The Automatic Stay.  

The automatic stay is a temporary injunction that protects the estate property, the debtor and the debtor's property during the bankruptcy.  The automatic stay immediately stops most collection efforts by creditors, collection agencies and government entities against debtors and their property.  The automatic stay can be modified by interested parties by filing a motion with notice and a hearing. In such event the automatic stay may be terminated, annulled, modified or conditioned. There are various grounds for modifying the automatic stay. 

The Trustee's “Claw Back” Powers.  

The Trustee has two powers, known as “claw back” powers, that allow the Trustee to bring property into the bankruptcy estate that otherwise would not be part of the estate. These are preferences and fraudulent transfers. 

  • Preferences. A preference is a repayment of a debt by a debtor shortly before he or she files bankruptcy. One of the purposes of bankruptcy is to pay creditors fairly, and to not prefer one creditor over another. There are two preference rules: (1) any amounts paid to an arms-linked creditor in 90 days before filing can be clawed back by the Trustee, both voluntary and involuntary payments; and (2) if the creditor “is an” insider” (relative or close friend) the clawback period is one year.  Also, a lien granted right before filing bankruptcy might be an avoidable preference if the lien is not perfected within 30 days of the debtor receiving the loan. Creditors have some defenses to the trustees clawback powers, for example, payments made in the regular course of business to a creditor are not considered as a preference. 
  • Fraudulent transfers.  A transfer of property made by the debtor within two years before the debtor filed bankruptcy may be avoided by the trustee if  (1) the debtor made the transfer with the intent to defraud a creditor or trustee (called an “intentional fraudulent transfer”); or (2) the transfer was made while the debtor was insolvent and the debtor did not receive “fair market value” for the transfer.  To prove an intentional fraudulent transfer a trustee will look for “badges of fraud,” that make the transfer appears suspicious, for example, the debtor sold a non-exempt boat worth $8000 for just $2000. 

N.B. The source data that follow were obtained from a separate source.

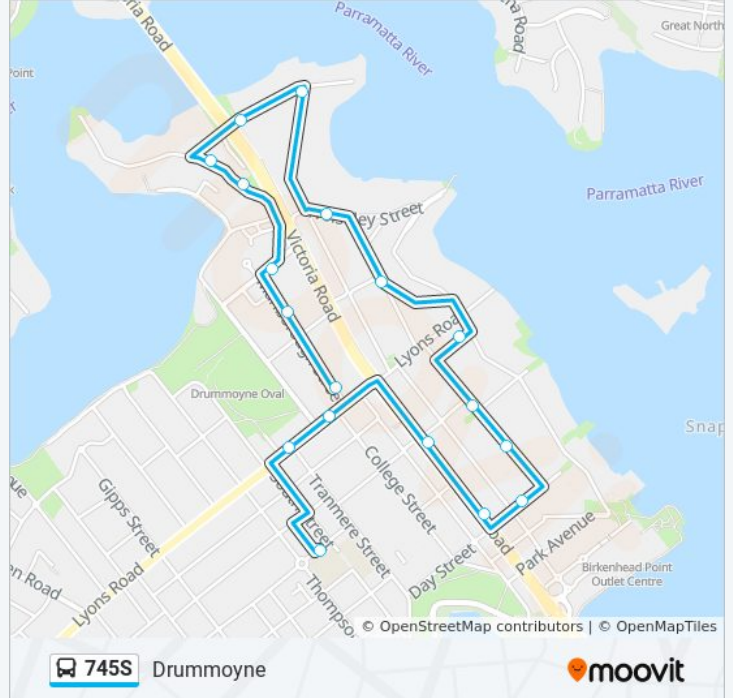

Direction: Drummoyne

18 stops

[VIEW LINE SCHEDULE](#)

Drummoyne Public School, Rawson Ave

Lyons Rd opp Tranmere St

Lyons Rd after Bayswater St

Victoria Rd at Edwin St

Victoria Rd before Day St

Day St at Ferry Lane

Alexandra St after Day St

Alexandra St at Edwin St

Albert St at St Georges Cres

Collingwood St at Seymour St

Wolseley St before Wrights Rd

Wright's Rd at Drummoyne Ave

Drummoyne Ave at Cambridge Rd

Victoria Pl after Drummoyne Ave

Victoria Pl before Henricks Ave

Westbourne St at Marlborough St

Marlborough St before Tavistock St

Marlborough St before Lyons Rd

745S bus Time Schedule

Drummoyne Route Timetable:

Direction: Drummoyne Primary

15 stops

[VIEW LINE SCHEDULE](#)

Day St at Ferry Lane
 Alexandra St after Day St
 Alexandra St at Edwin St
 Albert St at St Georges Cres
 Collingwood St at Seymour St
 Wolseley St before Wrights Rd
 Wrights Rd at Drummoyne Ave
 Drummoyne Ave at Cambridge Rd
 Victoria Pl after Drummoyne Ave
 Victoria Pl before Henricks Ave
 Westbourne St at Marlborough St
 Marlborough St before Tavistock St
 Marlborough St before Lyons Rd
 Lyons Rd at Tranmere St
 Drummoyne Public School, Rawson Ave
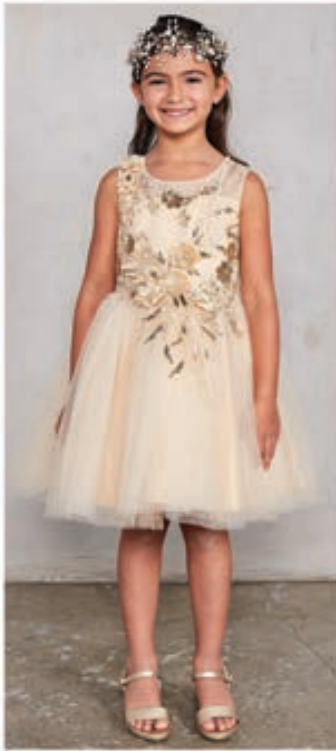

7027 WHITE, IVORY, BLUSH, BURGUNDY, GOLD, NAVY BLUE, SILVER | 2.4.6.8.10.12.14.16.18 Lace/Mesh *Short Length
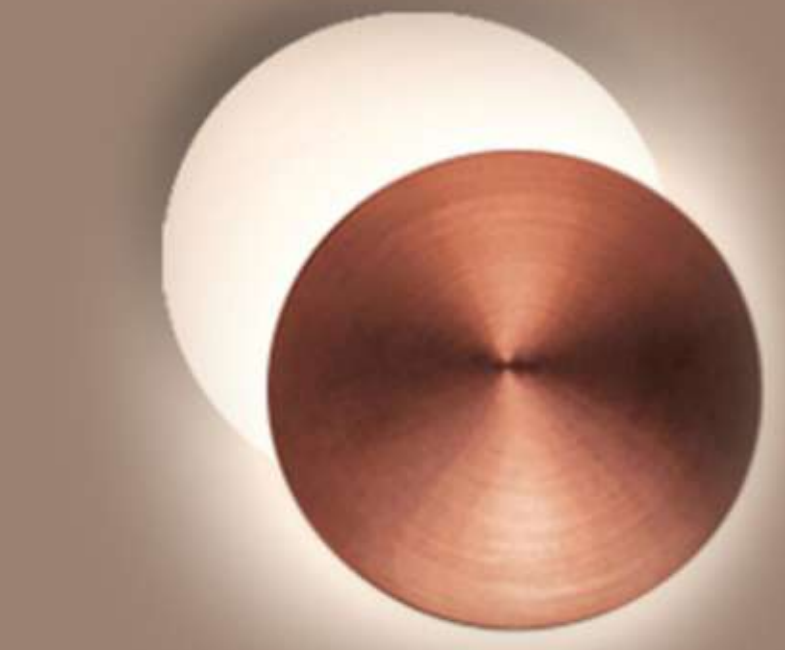

Item No.: 5288-1SQ COP
Lamp: Led
Size: W230mm X H230mm X D60mm
Finish: Antique Copper + Black
Material: Metal
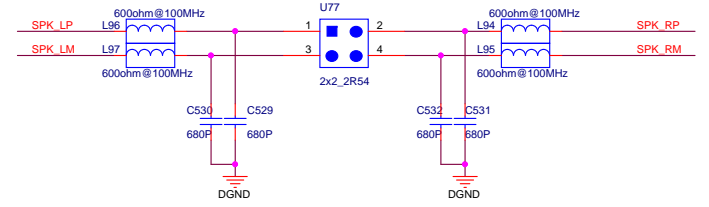

MAX98089 Dual I2S Codec

Filter Caps

Speaker Interface

Headset Interface

Power

Title	<Title>	Rev	<Rev>
Size	Document Number		
Custom	Doc		
Date:	Wednesday, January 01, 2014	Sheet	1 of 1

Chapter 7 Discharge.  The final step in a Chapter 7 bankruptcy is usually the granting of the debtor's discharge. There is a 60 day objection period following the 341 meeting, during which creditors may object to discharge. Objections include fraud, embezzlement, etc. To become eligible to receive a Chapter 7 discharge a debtor must, with very limited exceptions, complete a personal financial instructional course offered by an approved provider which can be taken in person, on the phone or online. The discharge is effective as to all debts except: certain taxes, some debts not listed by the debtor in the schedules, debts for domestic support obligations, most fines and penalties owed to government units, most student loans, debts which were or could have been listed in a prior bankruptcy in which discharge was denied or waived, federal criminal restitution debts, debts incurred to pay non-dischargeable taxes, marital property settlement debts, certain condominium, homeowners association and cooperative fees, certain court fees and costs owed by prisoners, and debts for repayment of loans from pension plans.  The Trustee can file a proceeding to deny a debtor's discharge, for example, if the debtor does not disclose all required financial information, or refuses to turn over non-exempt property like a tax refund. 

Chapter 13' Reorganization Plan.  A chapter 13 is essentially a payment plan in which the individual will make payments over 3 to 5 years to the trustee, and the trustee will use that money to pay the creditors. The amount of the debtor's monthly payments is determined based on his or her take-home pay less reasonable expenses.   If a debtor is behind with mortgage or car payments, chapter 13 allows you to come current with your payments, and allows for the debtor to modify some secured debts (but not a mortgage on the primary residence).  In chapter 13 a debtor can retain some non-exempt property that you would lose in Chapter 7.  Certain debts have to be paid in full, for example, payments due to the IRS, and mortgage arrearages if you want  to save your home or vehicle.